I fabricated the tank fuel return lines.  Since I may put an engine on at some point in the future that requires a high flow fuel return line, I’m running the same size return line as the supply line (3/8″).

Unfortunately, I wasn’t thinking about the location of the capacitive fuel sender plates when I drilled the holes for the return lines, so I had to modify the plates to provide room for the lines to run through.  I kept the same clearance from the line as from the ribs/stiffeners.

The return line dumps fuel into the last bay so that hot fuel returned from the engine won’t immediately be picked up and returned to the engine.

I fabricated the tank vent lines tonight.  These are the lines that will let air back into the tank as fuel is pumped out during flight.  First up was to flare one end of the 1/4″ tubing using the Parker Rolo-Flair flaring tool.  This will flare aluminum, copper, and stainless steel in sizes ranging from 1/4″ to 3/4″.

Here is what one of the flares looks like on the 1/4″ aluminum tube.  I’m using 5052 tubing instead of the 3003 tubing that comes with the kit.  It seems to be easier to work with and isn’t as prone to cracking when flared.

The holes that the vent line passes through the interior ribs doesn’t line up with the fitting in the end rib (I had to move it over to make room to mount the fitting.  The tube has to jog over 1 1/4″ in the inboard bay.  I needed a little bit of straight tubing at the fitting, so I determined that the jog could take up 5 5/8″ of the inboard bay.  A little quick trigonometry (arctan of 1 1/4 divided by 5 5/8″) yielded about 13º for the bends (I know I wrote arcsin below.  Give me a break; it’s been 20 years since I used this stuff.  I’m entitled to be a little rusty).

Here is the bending tool I’m using.  It’s an Imperial 470FH.  It can do 180º bends in 1/4″, 3/8″, and 1/2″ tubing.

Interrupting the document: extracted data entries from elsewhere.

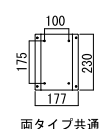

マグネット

投函時 (縦長タイプ)

取出時 (縦長タイプ)

取出時 (正方形タイプ)

縦長タイプ

正方形タイプ

取付板

両タイプ共通

取付板

※奥行きはデザインによって異なりますので、各商品ページの寸法値をご確認ください。

※強風時や条件によっては雨水が入る場合がございます。

● 実際の商品と写真は異なる場合があります。● オンリーワン価格には、消費税、施工費は含まれておりません。● LT は出荷日表示します。実際の納期は地域によって異なります。※ 沖縄・離島の送料は都度ご確認ください。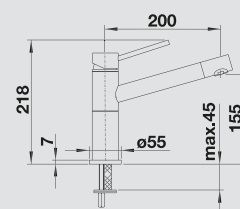

Смесители.
Дозаторы жидкого
мощного средства

Дополнительные аксессуары

Фильтр механических загрязнений

128 434

- Однорычажный смеситель
- Вращающийся излив
- Требуется отверстие для смесителя Ø 35 мм
- Керамический дисковый картридж
- Легкое подключение гибкими шлангами длиной 450 мм с гайкой 3/4"
- Запатентованный рассекатель, уменьшающий отложения налета от воды
- Стабилизирующая пластина для увеличения устойчивости при монтаже на мойки из нержавеющей стали

And here is the resulting shape in tubing.

You can see how accurate the bend was here.  The flare lines up perfectly with the fitting without having to use any force to hold it there.

Here’s what the inboard bay looks like.  You can see that the bend goes almost all the way to the second rib.

Here is the outboard bay.  You can see how the clip I fabricated earlier supports the tubing.  I’ll give a slight upward bend to the end of the tube after installing this for the last time to get the end of the tube as high up in the tank as possible.  After spending about an hour fabricating this for the right tank, it only took about another 20 minutes to repeat the process for the left tank.

Andre stopped by again tonight and knocked out the remaining six interior tank ribs in about four hours.  I can pretty much finish the remaining rivets on the tank by myself from this point.

Andre stopped by tonight and helped me get started on the tank ribs.  We managed to get four done this evening.  With an earlier start tomorrow, we should easily finish up all of the internal ribs on both tanks by the end of the night.

Here you can see the inside of the tank and the next to last outboard rib (the outboard rib is removed in this picture.  I still need to form filets on both sides of the ribs and encapsulate each rivet head in sealant.

I modified the anti-rotation brackets to keep the flop tubes from rotating.

Here you can see that it holds the flop tubes roughly centered along the rib.  They can still flop freely to the top and bottom of the tank.

I also torqued and safety wired the flop tubes onto the fittings.

My buddy Andre stopped by today to help me work on the fuel tanks.  I had a few details to wrap up before starting to use the sealant.  First up is to debur and dimple the #8 screw holes on the perimeter of the tanks.

The rivets need to be cleaned by sloshing them around in some MEK.

I lined the area around the stiffeners with electrical tape to keep the tank sealant from making too big a mess.

Rivets are installed in the holes and held in place with rivet tape.

Then the stiffeners are coated with a thin coat of sealant on the mating surface.  Here is Andre in action.

They are then pressed over the rivets and back-riveted into place.

Then sealant is spread around the edge of the stiffener to create a filet and a dab of sealant is placed over each rivet.

The fuel filler neck is then riveted on.  We tried back-riveting these using a hand-held back-rivet bucking bar, but that didn’t work as well as expected and we had to drill out one of the rivets.  Either back-rivet these on the plate or shoot/buck them.

Here is the inside of the filler neck with the vent line retaining clip riveted in place.

We also riveted on the fuel drain mounts.  When you dab sealant over the rivets, be sure and leave some channels so that water can make its way to the drain.

Here is the outside of the fuel drain mount.  All of these rivets could be squeezed.

At the end of the day, we had both tank skins with stiffeners, drains, and filler necks in place.

No pictures today, but I got the other tank skin deburred and dimpled as well as deburred most of the ribs (did I mention how many holes are in the tanks?).  I’m hoping to have the tanks ready to start sealing by this weekend.

Both of the trap doors are finished and riveted to the second ribs.

I also deburred and dimpled the rivet holes on one of the skins.  There are a lot of holes in the tank skins since the rivets are placed closer together than on other skins.

I also fabricated trap doors that assist in keeping fuel in the inboard bays during knife edge flight.

The trap doors swing open freely to allow fuel into the inboard bays, but swing closed to keep fuel in these bays as long as possible.

I also fabricated some anti-hangup guides to prevent the flop tube from getting caught behind the rear stiffener.